Implications of the Final Rules

The vast majority of the provisions finalized by CMS and OIG are welcome updates that may present significant opportunities for new arrangements as the march toward value-based care continues, and even outside of the value-based context. It may take time, however, for stakeholders to become fully comfortable with the new value-based care exceptions and safe harbors. CMS recognized commenter leeriness toward the utility of the “full financial risk” exception given the amount of financial risk physicians are willing to accept. Notably, the differences between the Stark and AKS value-based care rules mean that organizations will likely continue to find themselves in a compliance “grey zone” where an arrangement satisfies a Stark Law exception—because it must—but is unable to meet an AKS safe harbor because the safe harbor is too restrictive.

Outside of the value-based issues, the Stark and AKS Rules contain many clarifications and burden reduction measures. Stakeholders pleaded with CMS for additional definitional clarity surrounding the Big Three for years. Compliance professionals and healthcare lawyers will find welcome relief in many of CMS’s regulatory updates regarding “technical non-compliance.” With the addition of the special rules, guidance on curing arrangements and the new limited remuneration exception, many arrangements that previously necessitated a self-disclosure to CMS will no longer be non-compliant. The expansion of the AKS personal services and management contracts safe harbor will enable many common arrangements, such as per-hour payments, to finally fully comply with the safe harbor. The warranty safe harbor expansion likewise should encompass many beneficial and non-abusive arrangements that manufacturers offer to their customers as part of warrantying their increasingly sophisticated products.

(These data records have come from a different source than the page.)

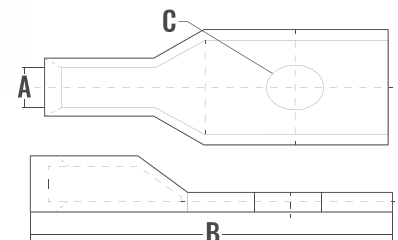

CERTIFICATIONS

- RoHS
- CE
- UL Listed

STRUT & GROUND

400 MARTIN LUTHER KING JR WAY, BRIDGETON, NJ 08302
PHONE : (718).338.1851 FAX : (718).228.1851
orders@ammoelectric.com

www.ammoelectric.com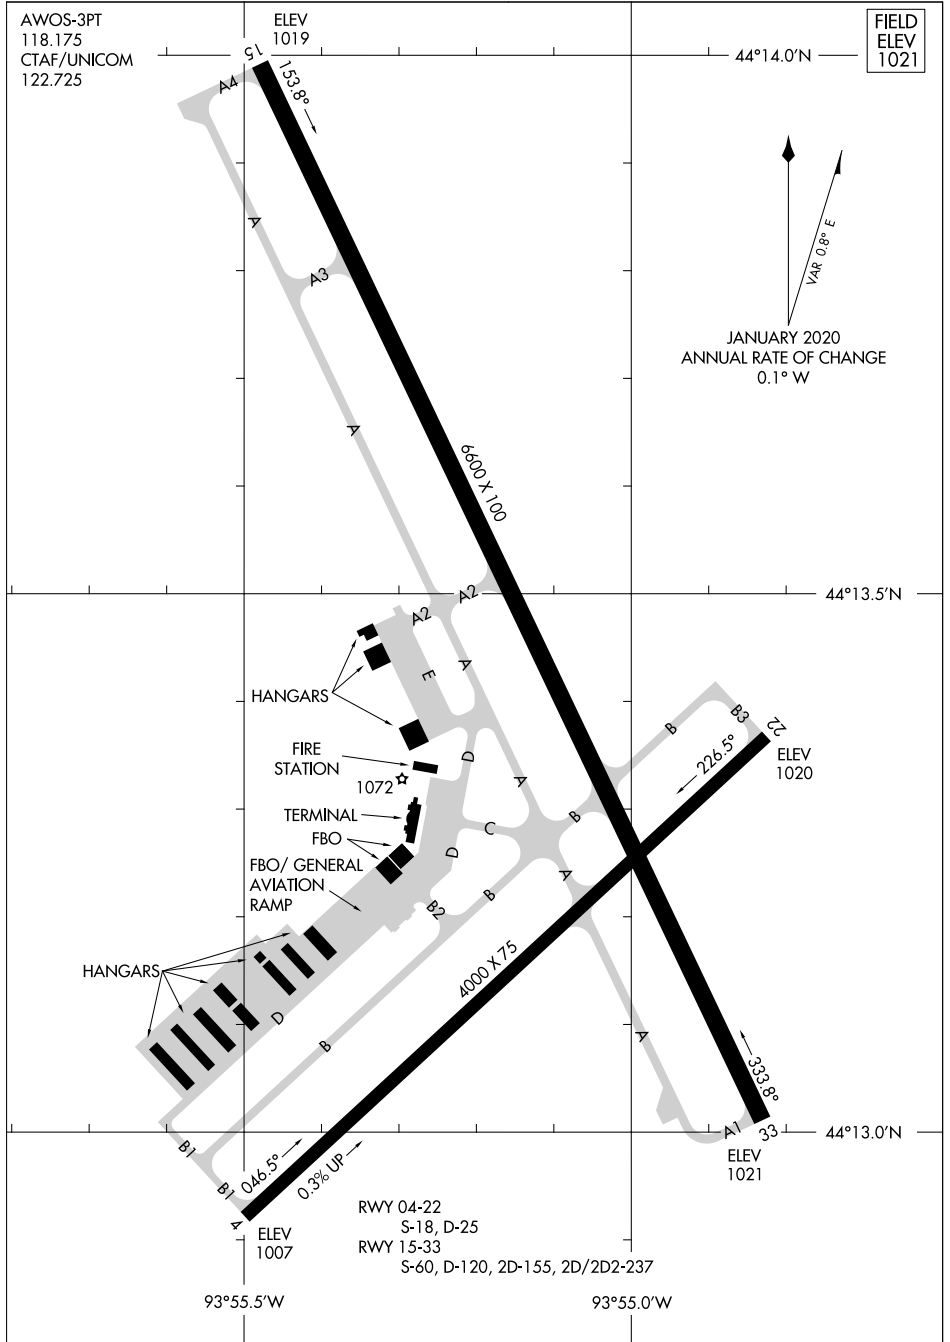

20086

# AIRPORT DIAGRAM

AL-5755 (FAA)

MANKATO RGNL (MKT)  
MANKATO, MINNESOTA

# AIRPORT DIAGRAM

20086

MANKATO, MINNESOTA  
MANKATO RGNL (MKT)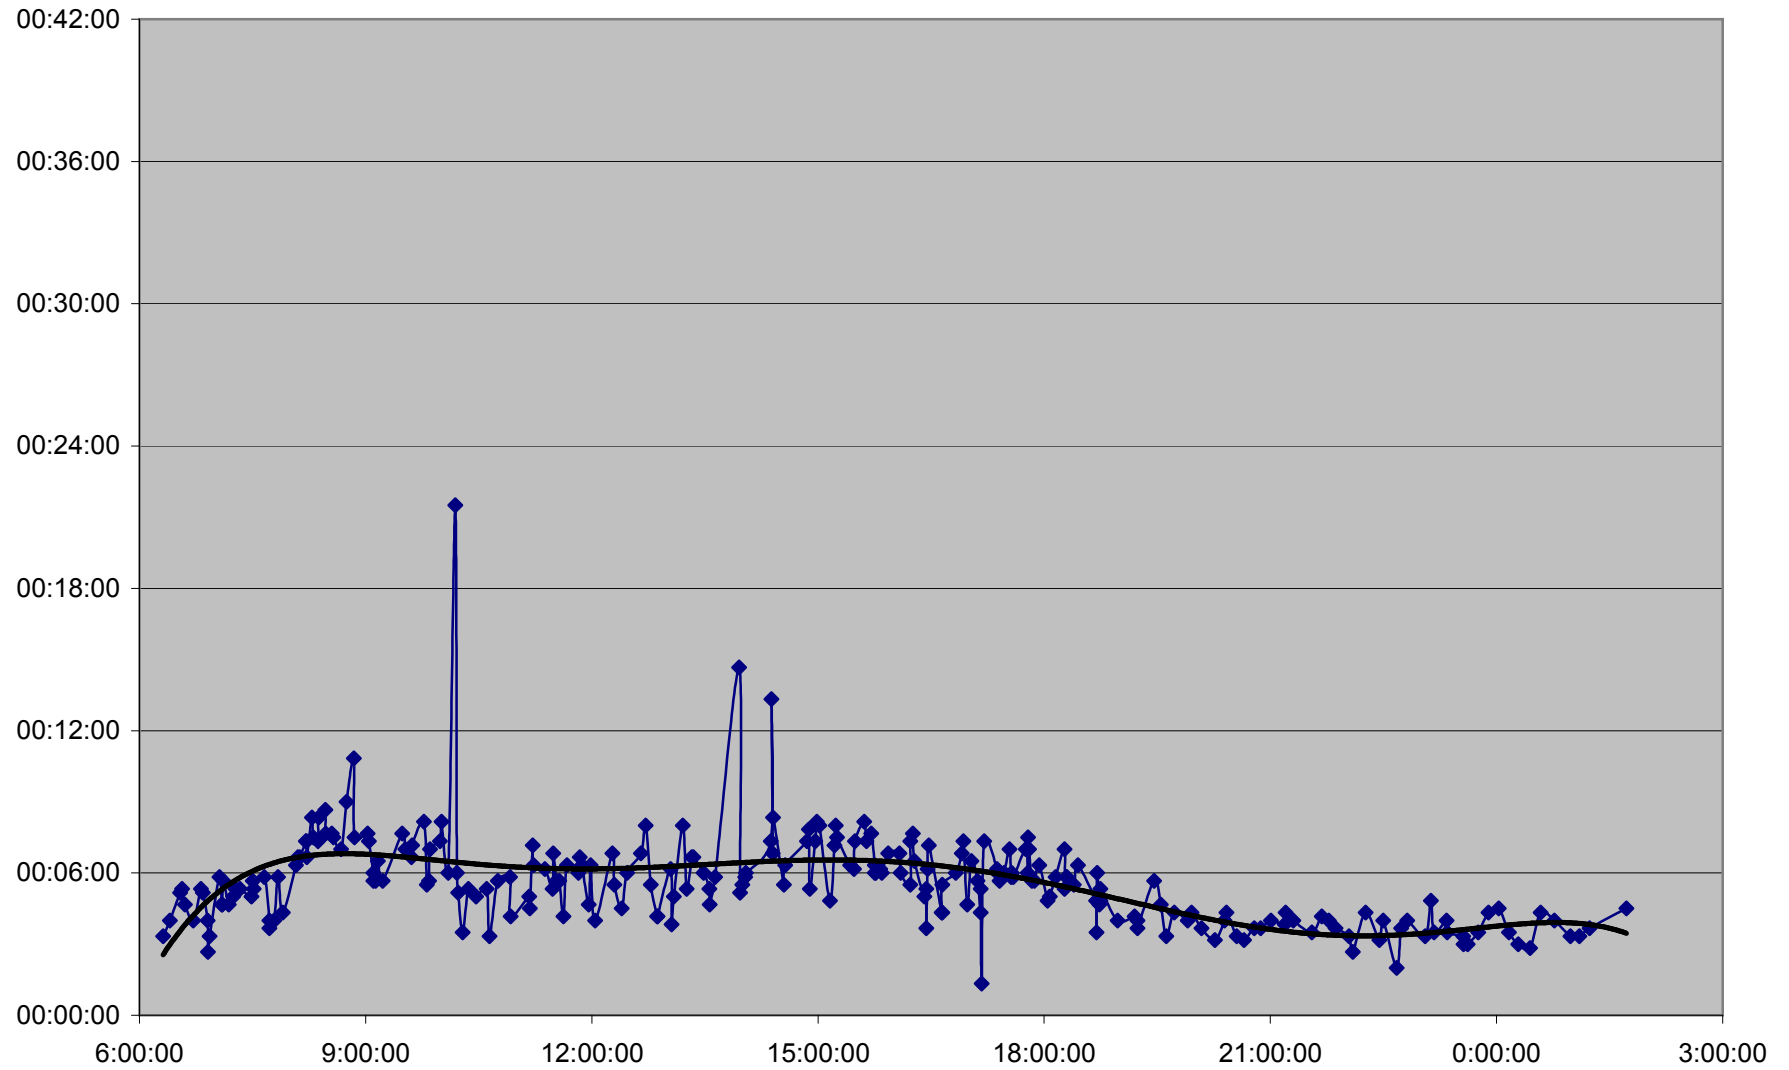

36 Finch West Link Times Thursday 17 Nov 2011 from Humberwood N of Loop to Martin Grove Eastbound

36 Finch West Link Times Thursday 17 Nov 2011 from Martin Grove to Islington Eastbound

36 Finch West Link Times Thursday 17 Nov 2011 from Islington to Weston Eastbound

36 Finch West Link Times Thursday 17 Nov 2011 from Weston to Jane Eastbound

36 Finch West Link Times Thursday 17 Nov 2011 from Jane to Keele Eastbound

36 Finch West Link Times Thursday 17 Nov 2011 from Keele to Dufferin Eastbound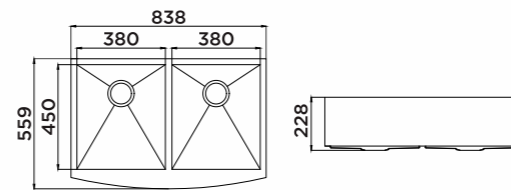

KITCHEN SINK 957014

Information

Product Dimension (LxWxD)	33"x22"x9" 838x559x228mm
Material	SS#304
Thickness	1.35+1.2mm
Corner	Radius 0
Cutout size (Topmount)	840mmx510mm

Description

Brushed surface;
Double bowl with apron;
With sound pad and undercoating;
Optional accessories:
Drainer, Colander, Chopping board, Grid,
Rollmat, Soap dispenser, Wire basket.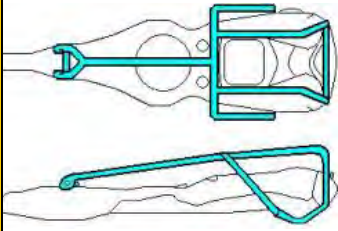

CODE

GAUGE

DC 07

Fits Dacor Darwin console
without compass

DC08

Fits Dacor Darwin console
with compass

DC09

Fits Dacor Supreme Compact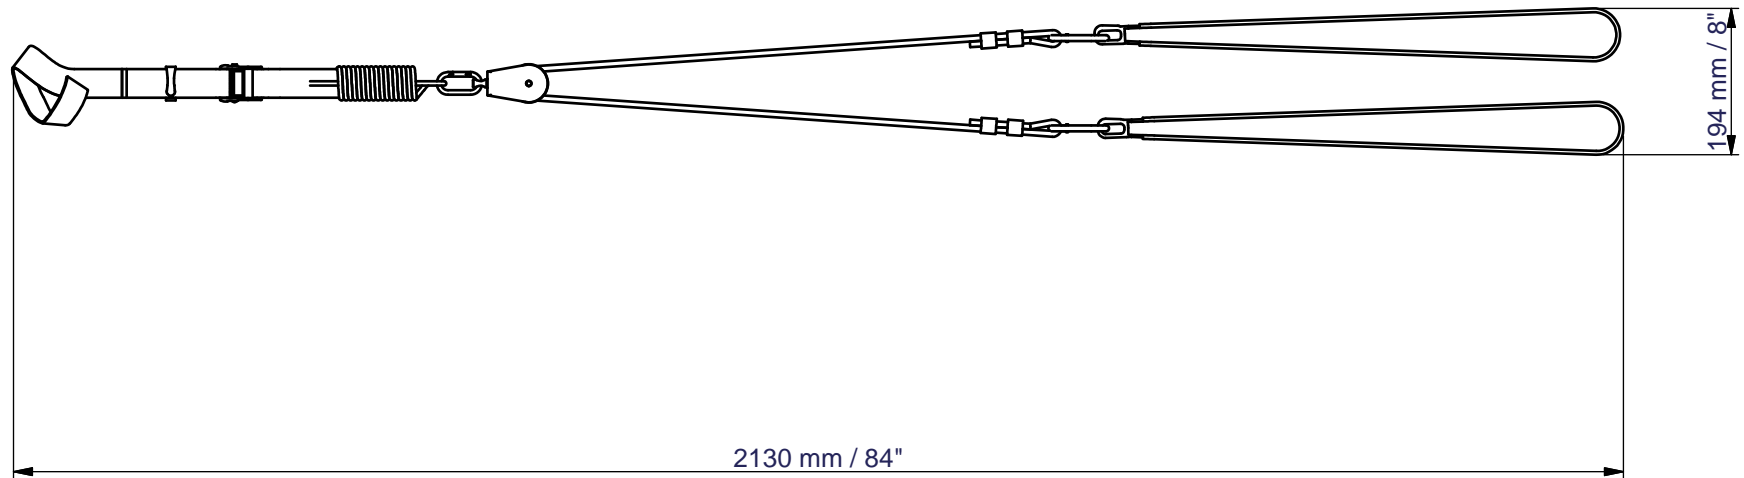

STEELFLEX FPU3

Floor Space Dimensions: L2130 x W194 x H61 mm
Live Working Area : L2130 x W2886 mm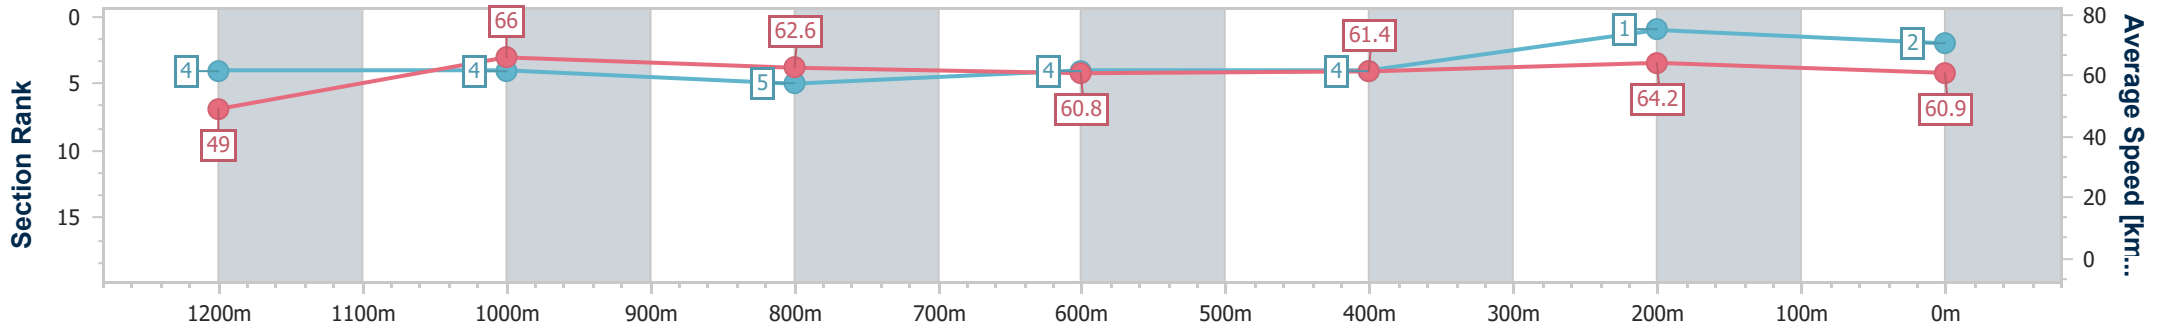

Horse/Jockey Name	Dark Harmony
Final Rank	2
Fastest Section Time (Section)	0:10.90 (1200m)
Top Speed [km/h] (Section)	67.4 (1200m)
Race State	Finished

Doomben QLD Professional
Race 6: SKY RACING QTIS Three-Year-Old Maiden Handicap - 1350m
11 January 2023 - 15:54
Track Rating: Good 4, Weather: Fine, Rail Position: +6.5m Entire Course

BRISBANE
RACING CLUB

Section	Overall	1200m	1000m	800m	600m	400m	200m
Section Times	1:20.19 [2] (0:11.04)	1:09.15 [4] (0:10.90)	0:58.25 [4] (0:11.57)	0:46.68 [5] (0:11.92)	0:34.76 [4] (0:11.72)	0:23.04 [4] (0:11.23)	0:11.81 [1] (0:11.81)
Average Speed [km/h]	49.0	66.0	62.6	60.8	61.4	64.2	60.9
Top Speed [km/h]	67.3	67.4	66.8	61.6	63.1	65.4	64.0
Avg. Dist. to Rail [m]	4.8	3.0	2.6	0.9	0.1	1.1	2.5
Avg. Stride Freq. [Hz]	2.1	2.4	2.3	2.2	2.3	2.3	2.2
Avg. Stride Length [m]	6.4	7.8	7.6	7.6	7.6	7.8	7.6

- [ ] Ranking at each section and finish
- -.-.- No data available at this section
- NA No data available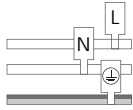

* 1pc LED fixture, 2pcs screws.

Accessories

Catalog No.	Description	Image
IC-CROWN-59 Input cable	Input cable Length 59"	
IC-CROWN-84 Input cable	Input cable Length 84"	
IC-CROWN-180 Input cable	Input cable Length 180"	
SC-CROWN-12 Soft connector optional	Soft connector Length 12"	
SC-CROWN-48 Soft connector optional	Soft connector Length 48"	
SC-CROWN-98 Soft connector optional	Soft connector Length 98"	

Wiring

AC connection :

Black: " L "

White: " N "

Yellow/green: " ⊕ "

Dimming connection :

Violet: " + "

Gray: " - "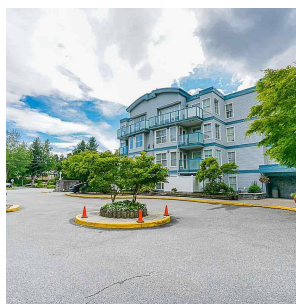

209 14885 100 Avenue, Surrey

$449,000

Dorchester in the heart of GUILDFORD! This condo features new appliances, a new washer dryer, and new flooring just to name a few. The spacious living room has lots of natural light, an open concept layout, and a cozy fireplace. Centrally located close to schools, Guilford mall, parks, and transit. Unit comes with 2 PARKING SPOTS!. Come take a look... Open House Saturday July 10th from 1-3pm

KEY INFORMATION

MLS® R2593541

Residential Attached

Guildford

2 Bedrooms

1 Bathroom

927 SF

$315.95 Maintenance Fees

FEATURES

Year Built: 1994

Listed By: Stonehaus Realty Corp.

rennie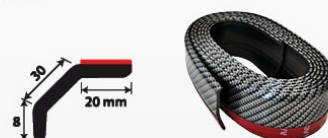

UB/C € 19.90

Adhesive Lip Splitter Carbon Look

Lip splitter adesivo universale in gomma carbon look ad alta conformabilità - Misure 2,5 mt x 43 mm / Universal lip splitter made in carbon look rubber easily shaped Sizes 2,5 mt x 43 mm
Gomma carbon look - Carbon look rubber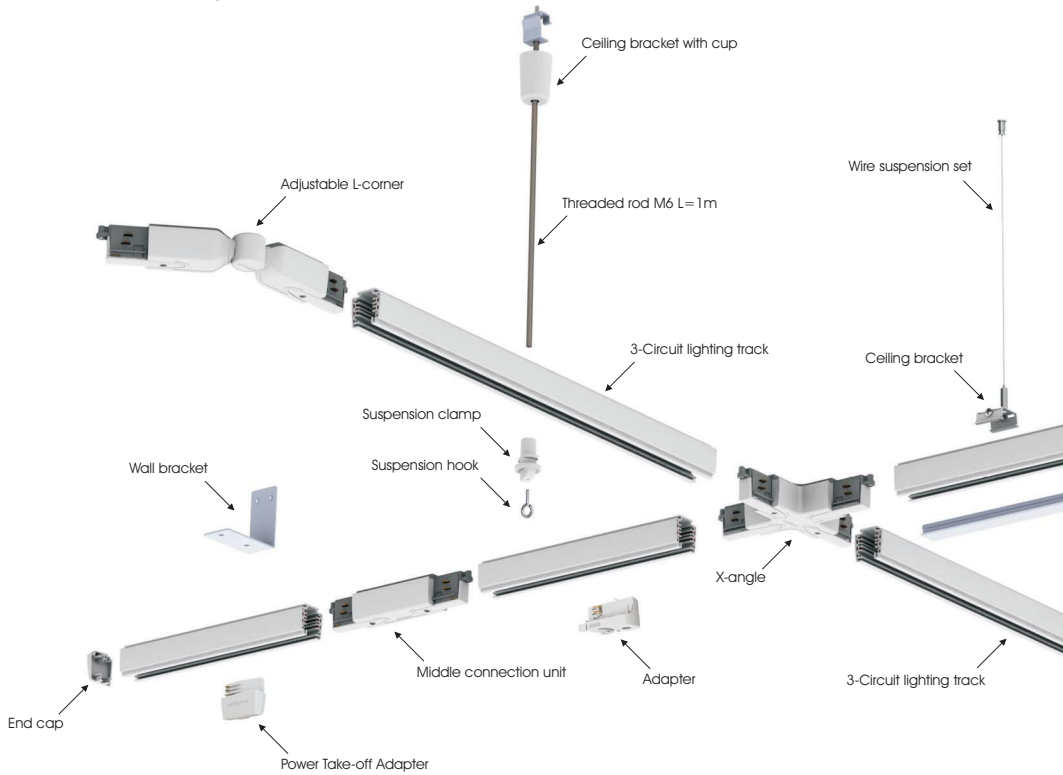

TRACK SYSTEM

- 3-circuit track system available in white, black and grey colour.
- Available in 3 different lengths.
- Available for surface or recessed installation.
- Available accessories in white, black and grey colour.

3-Circuit lighting track, Surface

Code	Model	Length	Colour
TRA.001	3-Circuit lighting track, Surface	2m	White
TRA.002	3-Circuit lighting track, Surface	3m	White
TRA.003	3-Circuit lighting track, Surface	4m	White
TRA.004	3-Circuit lighting track, Surface	2m	Grey
TRA.005	3-Circuit lighting track, Surface	3m	Grey
TRA.006	3-Circuit lighting track, Surface	4m	Grey
TRA.007	3-Circuit lighting track, Surface	2m	Black
TRA.008	3-Circuit lighting track, Surface	3m	Black
TRA.009	3-Circuit lighting track, Surface	4m	Black

3-Circuit lighting track, Recessed

Code	Model	Length	Colour
TRA.010	3-Circuit lighting track, Recessed	2m	White
TRA.011	3-Circuit lighting track, Recessed	3m	White
TRA.012	3-Circuit lighting track, Recessed	4m	White
TRA.013	3-Circuit lighting track, Recessed	2m	Grey
TRA.014	3-Circuit lighting track, Recessed	3m	Grey
TRA.015	3-Circuit lighting track, Recessed	4m	Grey
TRA.016	3-Circuit lighting track, Recessed	2m	Black
TRA.017	3-Circuit lighting track, Recessed	3m	Black
TRA.018	3-Circuit lighting track, Recessed	4m	Black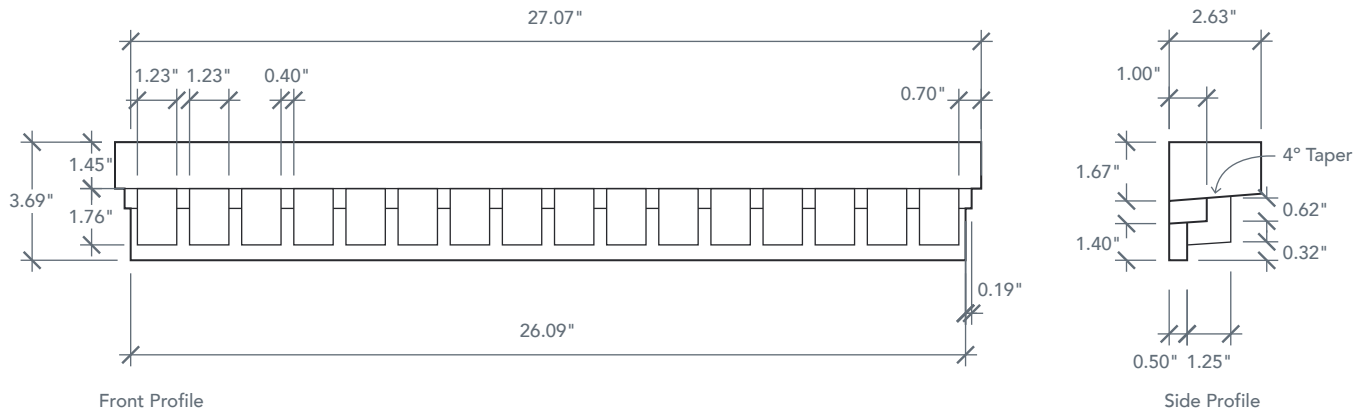

ACDSSW2716 16 BLOCK DENTIL SHELF

SMOOTH SERIES
2022 PLASTPRO SPECBOOK PAGE: 170

ACCESSORY DIMENSIONS

ARTWORK NOT TO SCALE

ACCESSORY INFO

Parts Per Set: 1
16 Block Dentil Shelf

Matching Doors:
DRS6C | Spec Page 149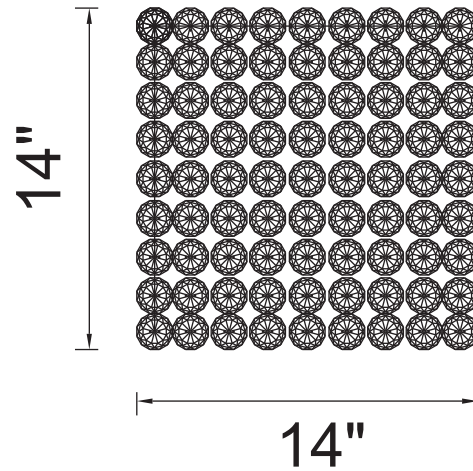

PROJECT: _____

FIXTURE TYPE: _____

LOCATION: _____

CONTACT/PHONE: _____

Item	8038C14C-S
Collection	QUEEN
Finish	Chrome
Glass	-----
Crystal	Clear
Input	120V AC,60HZ,AC

Shade	-----
Length/Dia.	14"
Width/Ext.	14"
Height	9"
Maximum	-----
Lumens	-----

Light Source	E12
Bulb Info.	4×60W
Included	-----
Dimmable	Yes
Color	-----
Weight	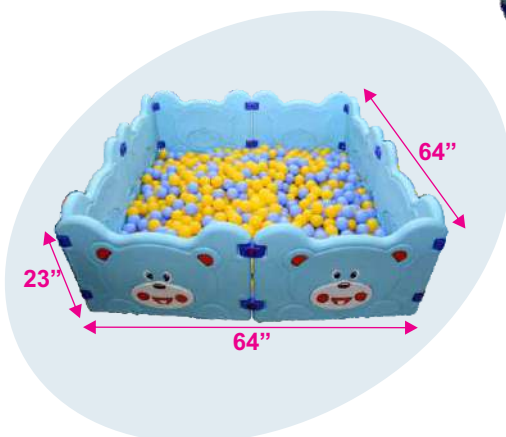

Ball Not Included

Elephant Ball Pool 6 pcs

Product Description	
Item No.:	405
Item Size:	DIA 68"
Material:	Plastic
Remarks:	Ball Recommended 500 pcs

Elephant Ball Pool 8 pcs

Product Description	
Item No.:	406
Item Size:	L64xB64xH23"
Material:	Plastic
Remarks:	Ball Recommended 500 pcs

However, not everything in the final rules can be correctly classified as “burden reducing.” Certain changes to the Stark Law, such as the modification to “overall profits” in the Stark Law’s group practice definition, may require practices to change their current compensation methodologies. The clarification of the isolated transaction exception may require finding other compensation exceptions to protect financial relationships with referring physicians to ensure compliance when the final rule becomes effective. The AKS patient engagement safe harbor is only available for non-value-based enterprise participants, which may chill the activities of individual organizations to address patient needs and social determinants of health, especially during the pandemic and economic downturn.

Effective Date Note

The Stark and AKS Rules state an effective date of January 19, 2021, for most of the provisions, with the exception of certain changes to the definition of a “group practice,” which have an effective date of January 1, 2022. However, the official scheduled publication date of these rules is listed as December 2, 2020, which creates doubt under the Congressional Review Act about whether the rules can go into effect prior to the Biden Administration’s inauguration on January 20, 2021. Under the Act, the 60-day clock begins to tick upon the date of publication in the Federal Register, not the informal public display of a final rule. Typically, new administrations institute a hold on any regulation that has not gone into effect by inauguration day or shortly thereafter in order to have time to review those regulations. Given the largely technical and bipartisan nature of many of the issues in the Stark and AKS Rules, the rules may go into effect despite the change in administration. We will continue to monitor this issue.